It is shown theoretically that the method of time delayed incoherent optical feedback ensures control of chaotic dynamics in the vibronic alexandrite laser. The numerical solutions of the laser equations including the optical delayed feedback term are presented and the conditions for stabilization of the laser output are discussed. The possibility of synchronization of two chaotic vibronic lasers is reported when one of them is driven by the output of the other, thus giving the basis for secure communication.

©2009 Optical Society of America

1. Introduction

Since the first paper of E. Ott, C. Grebogi and J.A. Yorke [1], who have shown that given a chaotic system one can convert it into the system exhibiting regular periodic motion, the interest in the field called control of chaos is not weakening. The problem of stabilizing the unstable dynamics concerns many nonlinear systems, among them lasers. Chaotic dynamics and the possibility of its control has been investigated, both theoretically and experimentally, in few lasers; e.g. CO2 laser [2–5], solid-state Nd:YAG laser [6], 15NH3 laser [7], semiconductor lasers [8–10], and recently the Kerr lens mode locked Ti:Sapphire laser [11]. As to our knowledge the solid state transition metal ion lasers have not been widely studied from this point of view. Nowadays the alexandrite laser (chromium doped chrysoberyl crystal) has gained high interest due to its wide applicability in medicine, cosmetics and as a main part of a lidar in investigations of the atmospheric pollution. This is the reason why the control of its stability and the type of its output appears to be a crucial problem.

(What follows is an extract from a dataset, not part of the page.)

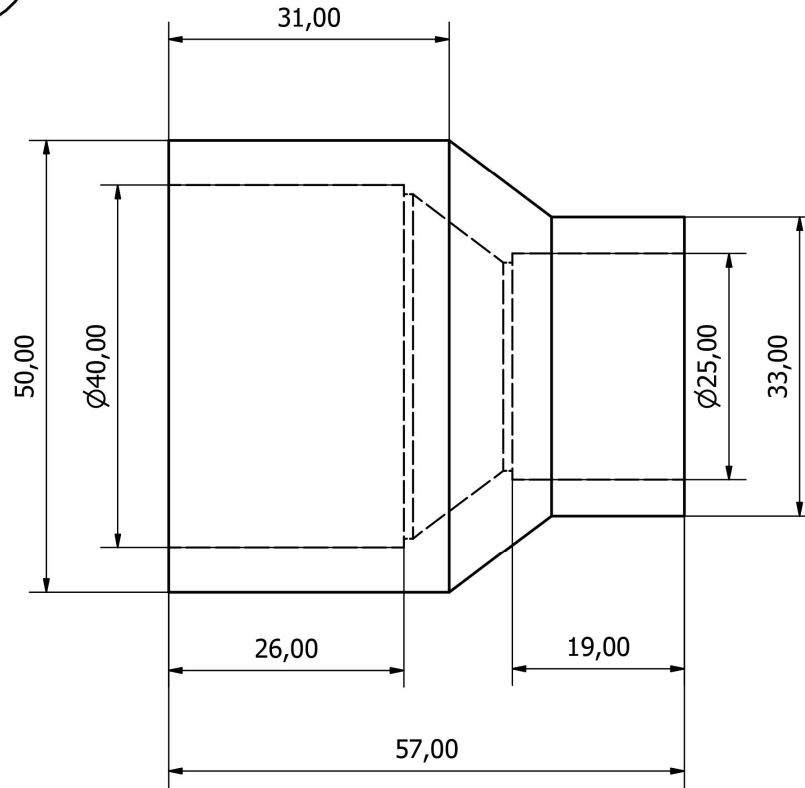

NEISCO

OMEGA

RP20N050C

In our recent papers we have shown the peculiar dynamics of the alexandrite laser in its vibronic mode of operation [12–15]. Depending on frequency and power of the pumping laser it exhibits completely different types of output; e.g., CW operation, self-pulsations, homoclinic dynamics and, in the region of two latter ones, the chaotic dynamics. We have provided the theoretical explanation of the observed phenomenon assuming that the nonequilibrium phonons of the host crystal actively participate in the laser action [16]. The laser model presented by us [12–16] appeared to describe well the experimental results obtained by us [12–15] and other authors [17]. It has been shown experimentally [12–15, 17] that, when pumped by a short wavelength laser (<600nm), both by a cw-laser [12–15] and by a pulsed laser [17], the alexandrite laser operates as a train of pulses, whereas long wavelength pump (>600nm) [12–15, 17] yields the stable cw output. Thus, the pump wavelength can be a control parameter. Moreover we have demonstrated that, for short wavelength pump and certain values of other control parameters such as pump intensity or cavity losses [13, 14], the alexandrite laser output exhibits homoclinic or chaotic character. We have shown that in this range of parameters the vibronic laser dynamics can be well described in terms of the homoclinic orbits and Shil’nikov chaos [13, 14].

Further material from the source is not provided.